The box is longer than this.


----------



## Loerpert (Jun 4, 2022)

CatComposer said:


> I went through your dilemma last year.
> My solution was to buy a 2 fader controller from Annstweed.com
> 
> I bought this from their website directly:
> ...


Thanks, just ordered one!


----------



## method1 (Jun 4, 2022)

Christian64 said:


> Thanks!!
> can you tell me the travel of the faders please?



65mm according to the website.


----------



## CatComposer (Jun 5, 2022)

method1 said:


> 65mm according to the website.


Sounds right. It's plenty long enough for subtle variations.
Any longer and I think it would be unwieldly.
The sliders are smooth and stable.

The digital display shows you the CC values that are being sent to the DAW.

Windows 10 installed it automatically (plug and play) and Studio One picks it up straight away.

I have found it to work flawlessly, and am glad I bought this hand-crafted device, rather than a mass-produced one. 😊


----------



## SupremeFist (Jun 5, 2022)

Yep I have one of these and it's great!

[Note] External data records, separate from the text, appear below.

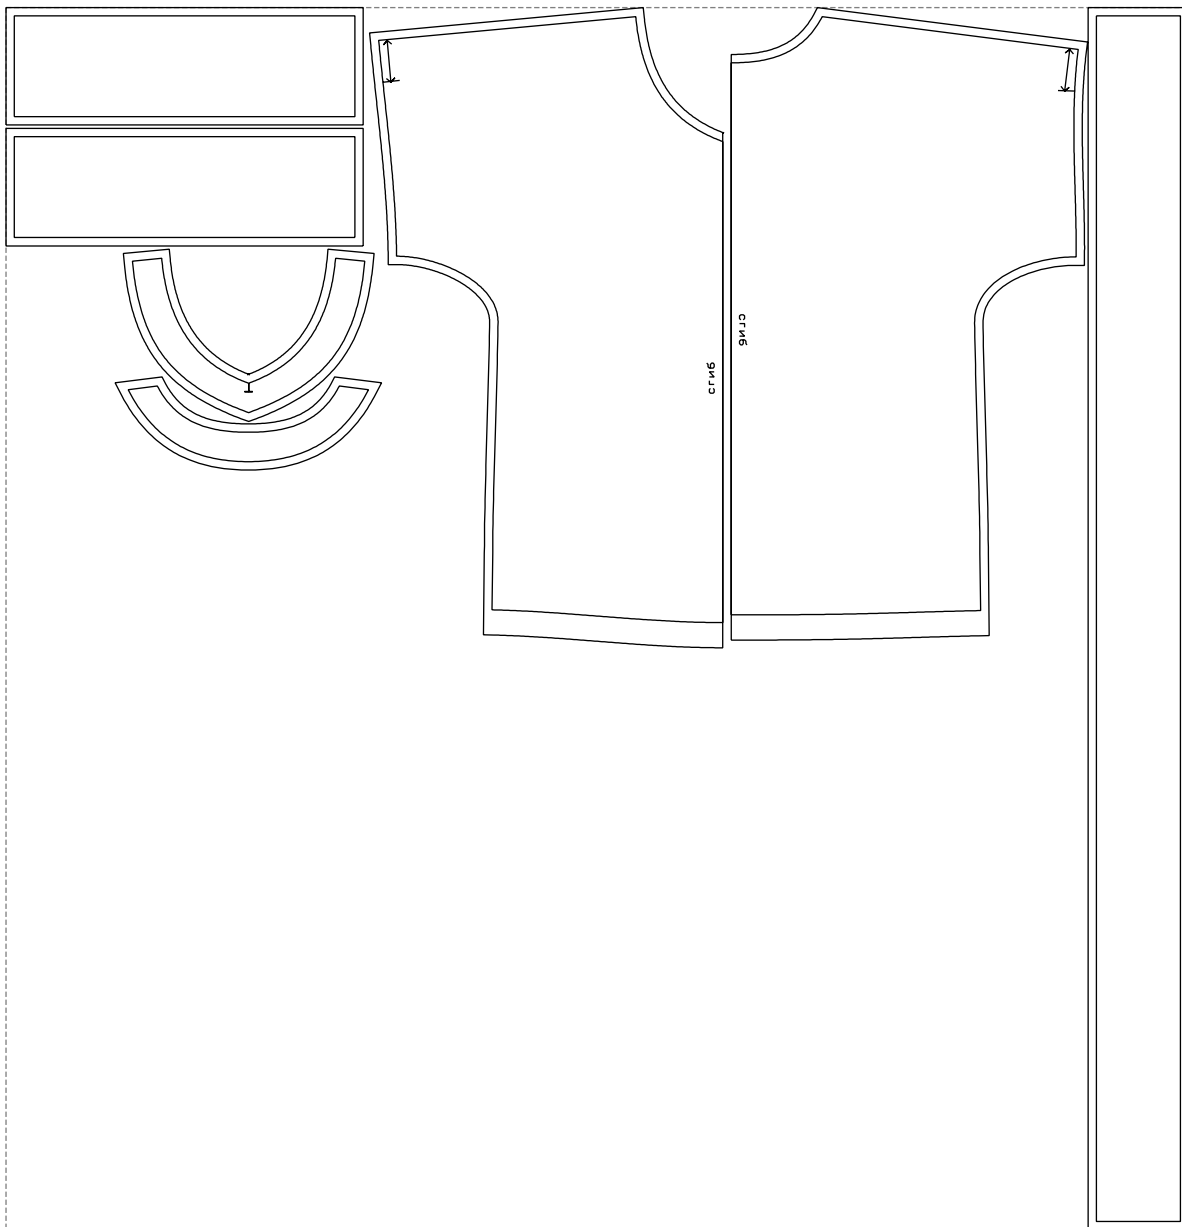

Not for print

Paper size: A4, size:1388.99 x1456.00 mm

# Example

size:1408.71 x1456.00 mm

Maneken =1 ver.0

rz\_1=170

rz\_16=92

rz\_17=78.8

rz\_18=71.8

rz\_19=100

rz\_20=98.1

---

. . . . .  
. . . . .  
. . . . .
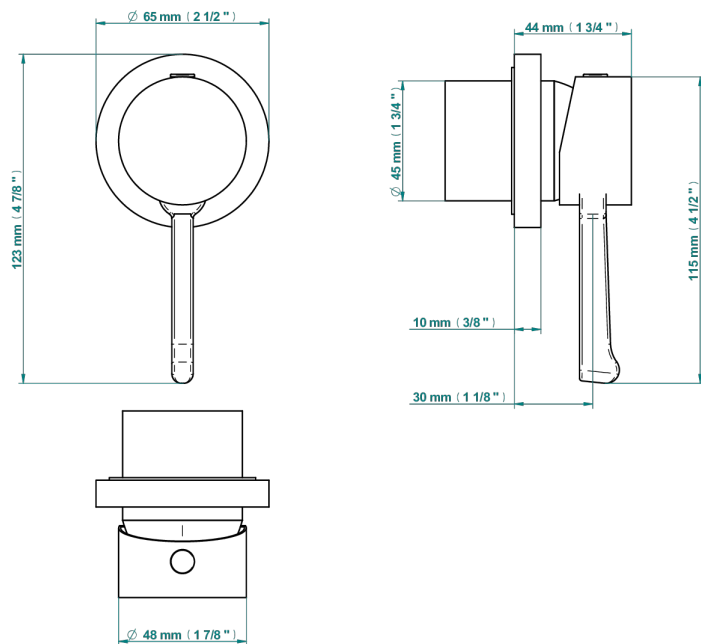

HAMPTONS WITH LEVER HANDLES

G4S-6540RB

Trim only for wall mixer on rosette

Compatible with

6540A
6540A/W

6540A/US

Tube

77471

28/10/2021

CHARACTERISTIC

- Hamptons with lever handles
- Trim only for wall mixer on rosette

RELATED SKU'S

- Ref. G00-6540A Rough parts for wall mounted flush fit shower mixer 2 x 1/2" inlets 1 x 1/2" outlet

AVAILABLE FINITIONS

Antique nickel - H28
Black ceram - D30
Blush PVD - H62
Brass color PVD - H49
Brown bronze color PVD - F33
Gold color PVD - H52

Graphite PVD - H64
Lacquered light bronze - D01
Matt Umber PVD - H67
Matt blush PVD - H60
Matt brass color PVD - H50
Matt brown bronze color PVD - F34

Matt chrome - C02
Matt gold - F07
Matt gold color PVD - H53
Matt graphite PVD - H65
Matt nickel (color finish) - C01
Matt nickel color PVD - H56

Natural smoked Brass - A13
Nickel color PVD - H55
Polished chrome (color finish) - A02
Polished gold (color finish) - F01
Polished nickel - B01
Soft gold - F30

Soft matt gold - F31
Umber PVD - H66
Varnished matt antique red copper (color finish) - H07
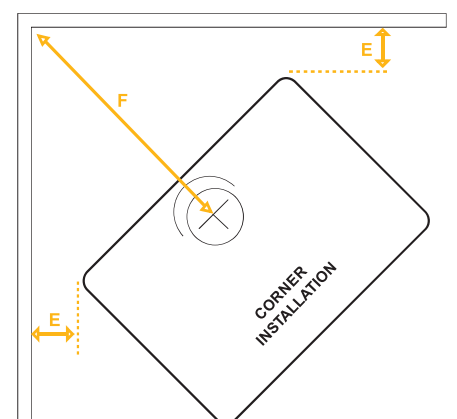

COLOURS AVAILABLE

Black	Charcoal	Titanium

DIMENSIONS

width:	630mm
depth:	550mm
height:	760mm

MEASUREMENTS (mm) to combustibles

A	B	C	D	E	F
125	525	325	840	200	810

Configuration Plans shown below

HEATING AREA	FAN	ASH DRAWER
 180 to 220m ²		 Included
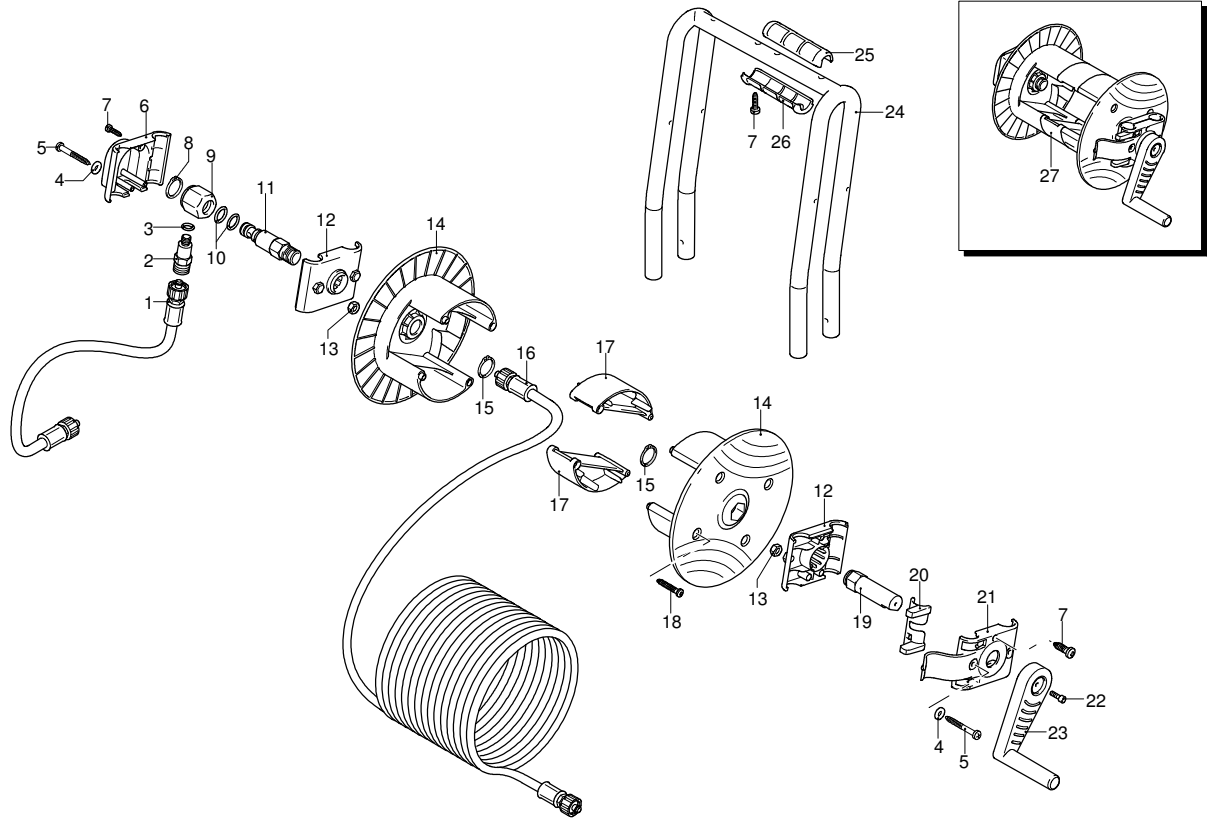

# Model HW 140

Version:

Serial number:

Code: **13028**

UN\_CE\_0763-NW

Validity	Pos.	Code	Description	Q
	1	1980740	Plug	1
	2	2900430	Head	1
	3	800220	Screw	3
	4	820510	O-ring	4
	5	3580320	Fitting	1
	6	740290	O-ring	6
	7	2440200	Extension	1
	8	480560	O-ring	1
	9	2849051	Valve	6
	10	2200141	Water seal	6
	11	770590	O-ring	3
	12	2840550	Bushing	3
	13	2840540	Bushing	3
	14	1683500	Oil seal	3
	15	2900500	Screw	4
	16	2900020	Piston guide	1
	17	2901170	Piston	3
	18	2840530	Piston	3
	19	2840050	Ring	3
	20	2840130	Plug	3
	21	2840470	Screw	1
	22	2909005	Spring assembly	1
	23	1120680	O-ring	1
	24	2900120	Fitting	1
	25	2900130	Plug	1
	26	1560520	Spring	1
	27	1250280	Ball	1
	28	480480	O-ring	1
	29	1982520	Hose tail	1
	30	3040270	O-ring	1
	31	3082130	Water coupling kit	1
	32	40086	Fitting	1
	33	2909134	Head assembly	1
	34	2901060	Injector	1
	35	2440230	O-ring	1
A		2233	Valve kit	1
B		2313	Piston kit	1
C		42124	Oil seal kit	1
F		42438	Gasket kit	1

# Model HW 140

Version:

Serial number:

Code: **13028**

07/12/2010

Validity	Pos.	Code	Description	Q
	1	3580360	Pipe	1
	2	3600260	Fitting	1
	3	820510	O-ring	1
	4	480650	Washer	4
	5	3580330	Screw	4
	6	3580150	Bracket	1
	7	2100300	Screw	6
	8	480890	Ring	1
	9	3600220	Fitting	1
	10	390080	O-ring	2
	11	3580340	Hub pin	1
	12	3580160	Bracket	2
	13	480640	Nut	4
	14	2360230	Plate	2
	15	380420	Ring	2
	16	3083550	Pipe	1
	17	3580520	Spacer	2
	18	2021780	Screw	8
	19	3580350	Hub pin	1
	20	3580130	Hook	1
	21	3580140	Bracket	1
	22	2360360	Screw	1
	23	2360150	Lever	1
	24	3580080	Frame	1
	25	3580180	Knob	2
	26	3580090	Knob	2
	27	42581	Hose reel assembly	1

Huge improvement on my old nanokontrol.


----------



## PhilA (Jun 5, 2022)

Markrs said:


> There are some cheaper ones you can get. If in the UK there is a 3 fader for £49. I haven't bought one, so I don't now what the quality is like.
> 
> 
> 
> ...



I have both the 3 fader and 6 knob version. Yes they are light, but the faders and knobs feel smooth and for the money they just work and work well. I can’t fault them for the price tbh.


----------



## Emmanuel Rousseau (Jun 5, 2022)




----------



## Thundercat (Jun 5, 2022)

Of course you can always make your own: DIY MIDI Faders

That's how I started my own journey. Spend as much or as little as you like, and customize everything to your liking.


----------



## psy dive (Jun 5, 2022)

CatComposer said:


> I bought this from their website directly:


Can you set the faders to individual midi channels? Thanks


----------



## CatComposer (Jun 5, 2022)

psy dive said:


> Can you set the faders to individual midi channels? Thanks


Yes


----------



## Thundercat (Jun 5, 2022)

CatComposer said:


> Yes


Can you confirm this with your unit? From their website:

*************************************************************************
*"CHANGE ALL FADER CHANNEL NUMBERS (1-16)*
Press the button *THREE* times and keeping the button held in on the 3rd press and the display will show “CHA” (channel all) now move any knob/fader to the number of the channel you want all the faders to be set to. Let go of the button and the display will show “c” and the new channel number"
*************************************************************************

It appears "all" faders will be set to a MIDI channel - but maybe I'm misunderstanding this?

Thanks,
Mike


----------



## SupremeFist (Jun 5, 2022)

Thundercat said:


> Can you confirm this with your unit? From their website:
> 
> *************************************************************************
> *"CHANGE ALL FADER CHANNEL NUMBERS (1-16)*
> ...


See two paragraphs before that. You can set each one individually _or _all to the same cc.


----------



## Thundercat (Jun 5, 2022)

SupremeFist said:


> See two paragraphs before that. You can set each one individually _or _all to the same cc.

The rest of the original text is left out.